* **What the task asks**
Copy the records below exactly as they stand. Leave out the pictures.

(Stored dataset items)
——————————

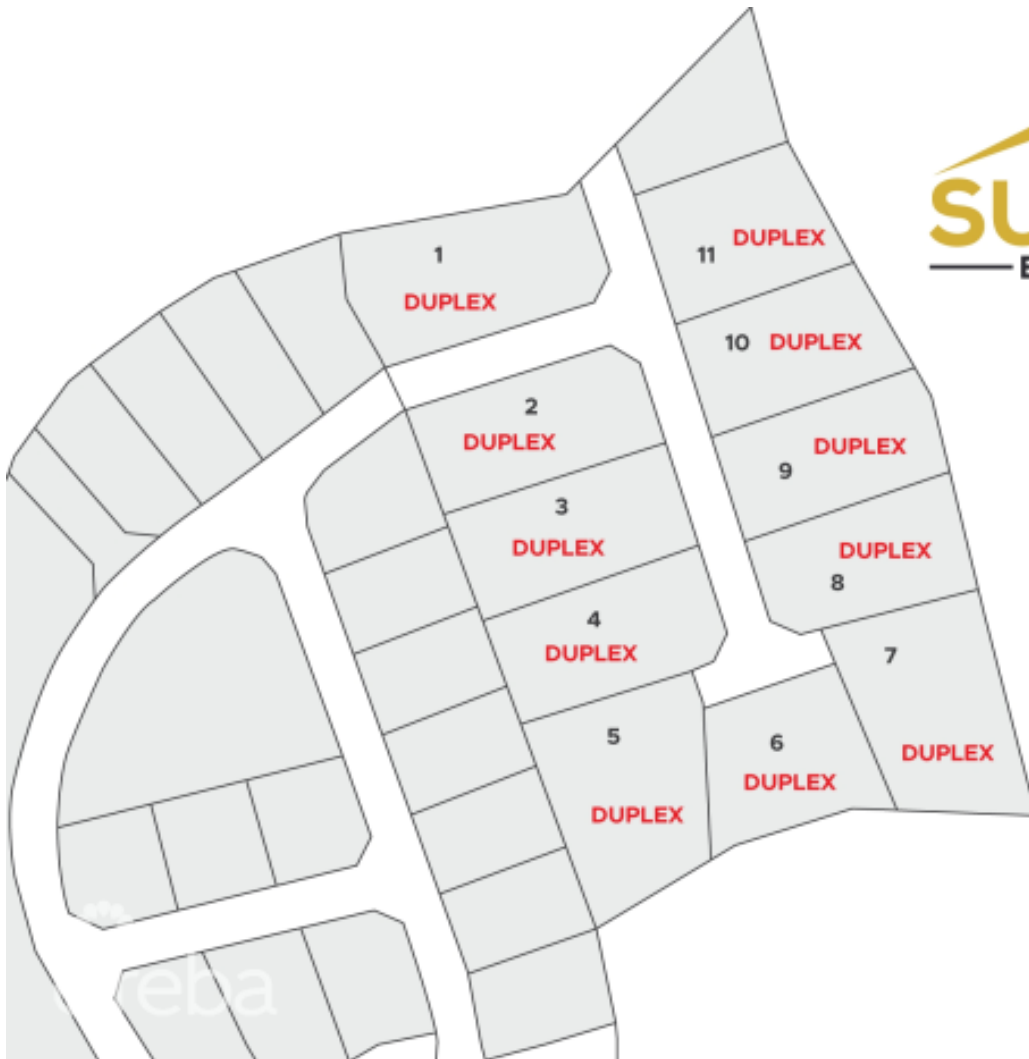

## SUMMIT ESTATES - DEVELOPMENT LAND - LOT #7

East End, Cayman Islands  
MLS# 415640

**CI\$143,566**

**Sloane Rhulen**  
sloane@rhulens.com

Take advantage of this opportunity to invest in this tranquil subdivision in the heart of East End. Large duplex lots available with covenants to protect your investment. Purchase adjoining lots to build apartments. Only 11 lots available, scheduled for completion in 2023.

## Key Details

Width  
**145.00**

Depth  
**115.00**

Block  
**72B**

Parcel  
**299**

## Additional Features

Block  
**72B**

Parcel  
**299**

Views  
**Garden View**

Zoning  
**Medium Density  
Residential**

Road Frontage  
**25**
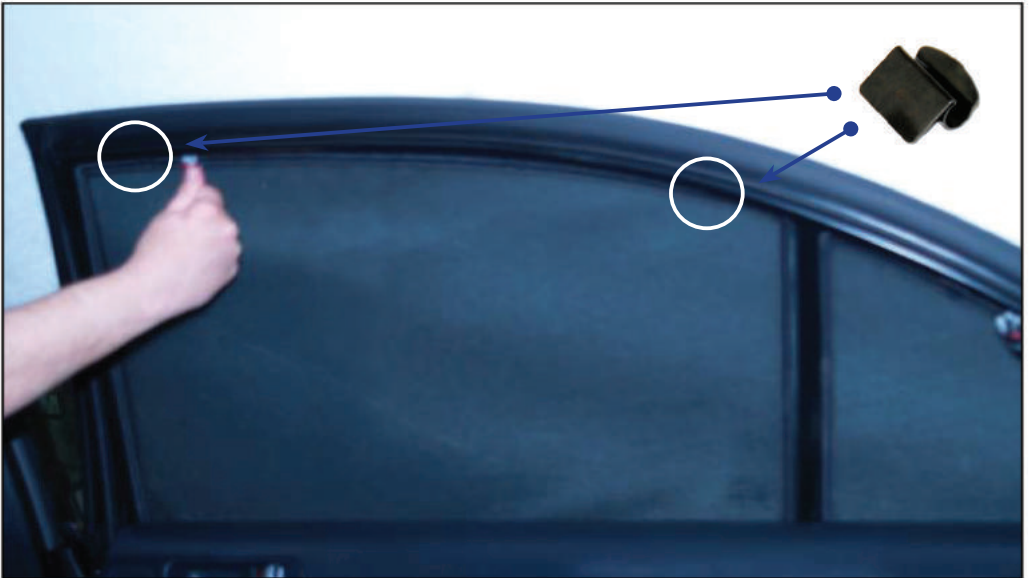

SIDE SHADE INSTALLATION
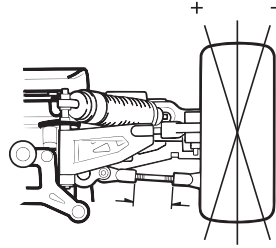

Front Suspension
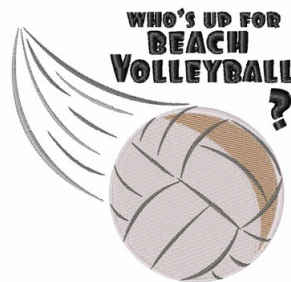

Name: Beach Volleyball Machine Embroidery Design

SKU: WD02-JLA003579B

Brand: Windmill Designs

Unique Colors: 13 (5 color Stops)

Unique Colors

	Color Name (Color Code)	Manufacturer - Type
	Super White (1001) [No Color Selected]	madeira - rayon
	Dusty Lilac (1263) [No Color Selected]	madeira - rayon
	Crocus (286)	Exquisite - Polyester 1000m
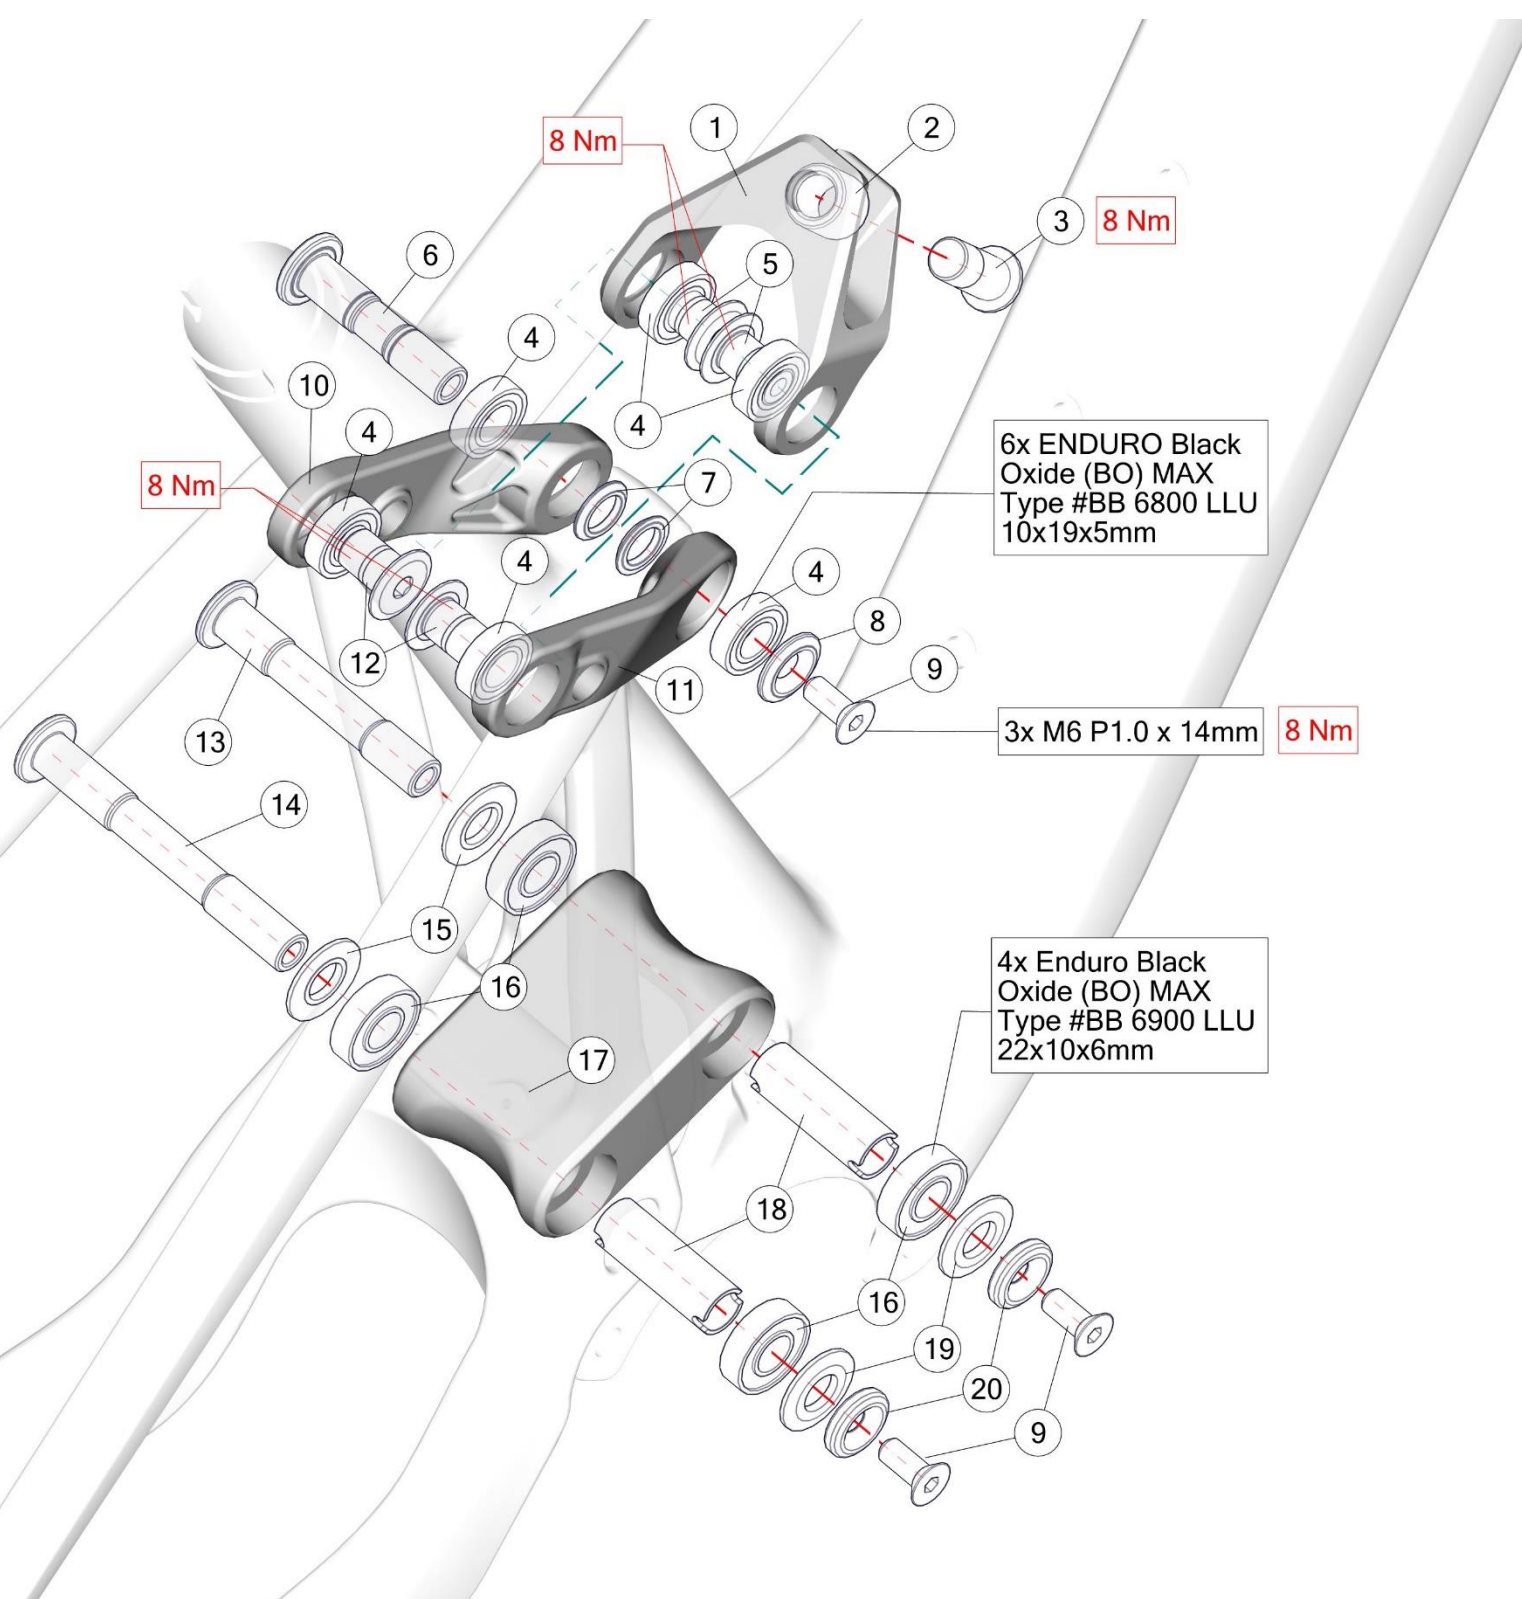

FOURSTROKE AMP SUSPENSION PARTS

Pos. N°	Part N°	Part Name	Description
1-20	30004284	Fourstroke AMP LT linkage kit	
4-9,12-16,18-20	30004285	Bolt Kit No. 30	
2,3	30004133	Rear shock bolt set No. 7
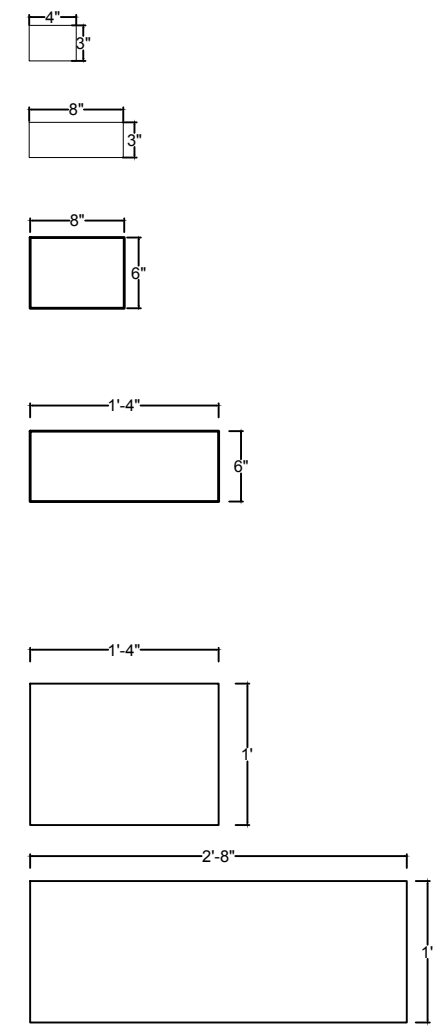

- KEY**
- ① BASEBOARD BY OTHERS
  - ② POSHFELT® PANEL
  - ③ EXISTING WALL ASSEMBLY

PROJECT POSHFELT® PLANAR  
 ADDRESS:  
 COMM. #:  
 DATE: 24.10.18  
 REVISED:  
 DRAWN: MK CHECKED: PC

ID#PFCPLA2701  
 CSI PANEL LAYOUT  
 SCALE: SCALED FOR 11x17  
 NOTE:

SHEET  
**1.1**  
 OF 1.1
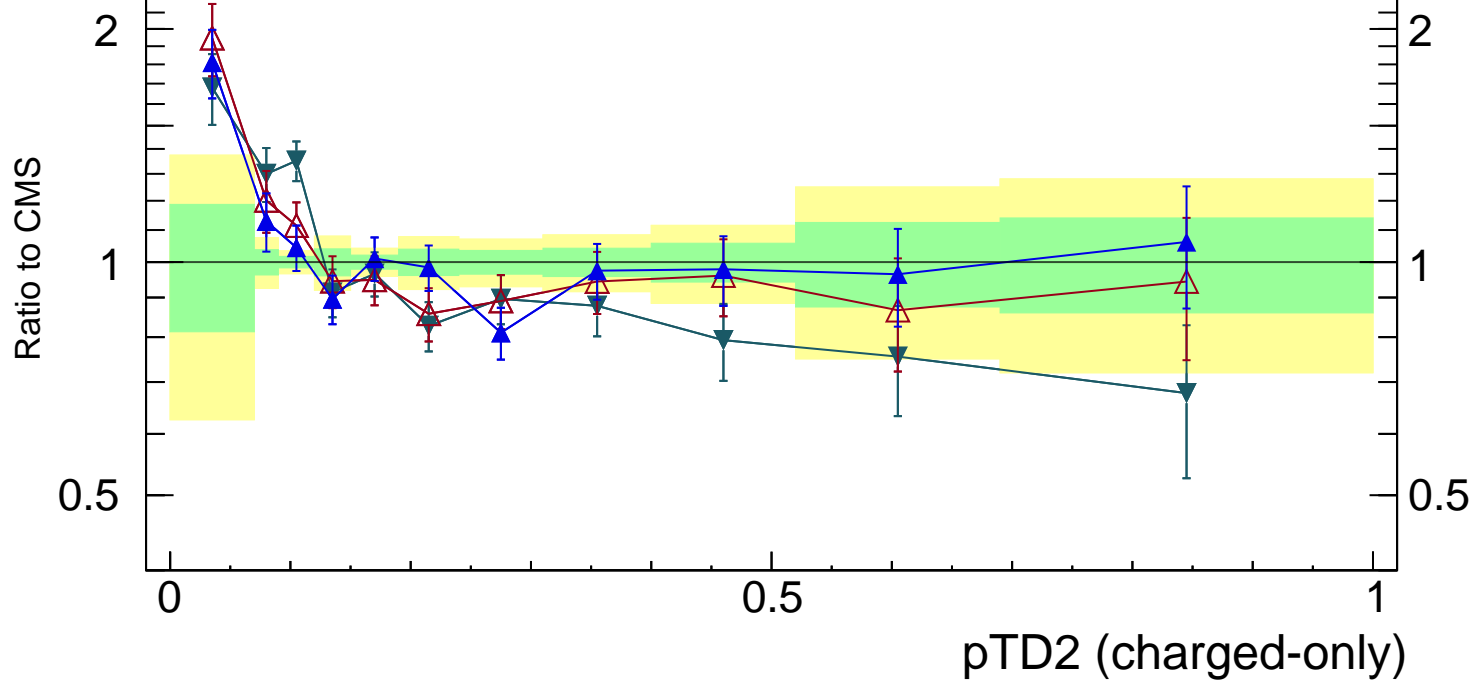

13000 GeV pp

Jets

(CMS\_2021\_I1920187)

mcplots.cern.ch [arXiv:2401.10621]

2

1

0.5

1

——————————

* **Answer to this problem**
## SUMMIT ESTATES - DEVELOPMENT LAND - LOT #7

East End, Cayman Islands  
MLS# 415640

**CI\$143,566**

**Sloane Rhulen**  
sloane@rhulens.com

Take advantage of this opportunity to invest in this tranquil subdivision in the heart of East End. Large duplex lots available with covenants to protect your investment. Purchase adjoining lots to build apartments. Only 11 lots available, scheduled for completion in 2023.

## Key Details

Width  
**145.00**

Depth  
**115.00**

Block  
**72B**

Parcel  
**299**

## Additional Features

Block  
**72B**

Parcel  
**299**

Views  
**Garden View**

Zoning  
**Medium Density  
Residential**

Road Frontage  
**25**

SIDE SHADE INSTALLATION

Front Suspension

Name: Beach Volleyball Machine Embroidery Design

SKU: WD02-JLA003579B

Brand: Windmill Designs

Unique Colors: 13 (5 color Stops)

Unique Colors

	Color Name (Color Code)	Manufacturer - Type
	Super White (1001) [No Color Selected]	madeira - rayon
	Dusty Lilac (1263) [No Color Selected]	madeira - rayon
	Crocus (286)	Exquisite - Polyester 1000m

FOURSTROKE AMP SUSPENSION PARTS

Pos. N°	Part N°	Part Name	Description
1-20	30004284	Fourstroke AMP LT linkage kit	
4-9,12-16,18-20	30004285	Bolt Kit No. 30	
2,3	30004133	Rear shock bolt set No. 7

- KEY**
- ① BASEBOARD BY OTHERS
  - ② POSHFELT® PANEL
  - ③ EXISTING WALL ASSEMBLY

PROJECT POSHFELT® PLANAR  
 ADDRESS:  
 COMM. #:  
 DATE: 24.10.18  
 REVISED:  
 DRAWN: MK CHECKED: PC

ID#PFCPLA2701  
 CSI PANEL LAYOUT  
 SCALE: SCALED FOR 11x17  
 NOTE:

SHEET  
**1.1**  
 OF 1.1

13000 GeV pp

Jets

(CMS\_2021\_I1920187)

mcplots.cern.ch [arXiv:2401.10621]

2

1

0.5

1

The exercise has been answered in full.